> **EXERCISE OBJECTIVE**
Using the word "Events" as the filter, copy each matching line from the records.

(Data records)
((

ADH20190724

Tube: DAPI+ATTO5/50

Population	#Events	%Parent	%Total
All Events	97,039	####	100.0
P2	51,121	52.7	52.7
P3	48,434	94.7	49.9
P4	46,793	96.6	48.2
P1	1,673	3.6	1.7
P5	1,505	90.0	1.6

))
((

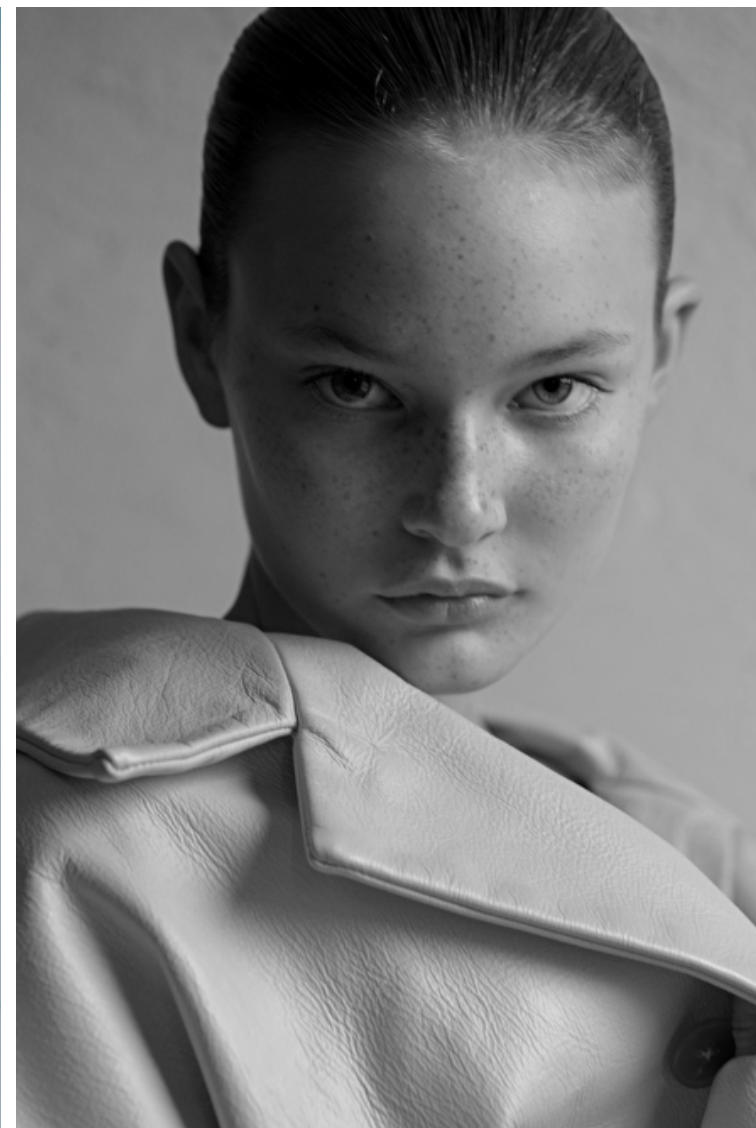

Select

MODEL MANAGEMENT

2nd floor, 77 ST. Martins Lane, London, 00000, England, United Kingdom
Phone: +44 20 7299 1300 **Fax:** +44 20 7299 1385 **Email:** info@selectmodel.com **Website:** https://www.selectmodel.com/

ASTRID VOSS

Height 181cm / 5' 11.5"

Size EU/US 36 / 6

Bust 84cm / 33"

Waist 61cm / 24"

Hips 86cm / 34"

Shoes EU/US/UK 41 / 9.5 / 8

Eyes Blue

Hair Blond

))

> **FINAL ANSWER**
Population	#Events	%Parent	%Total
All Events	97,039	####	100.0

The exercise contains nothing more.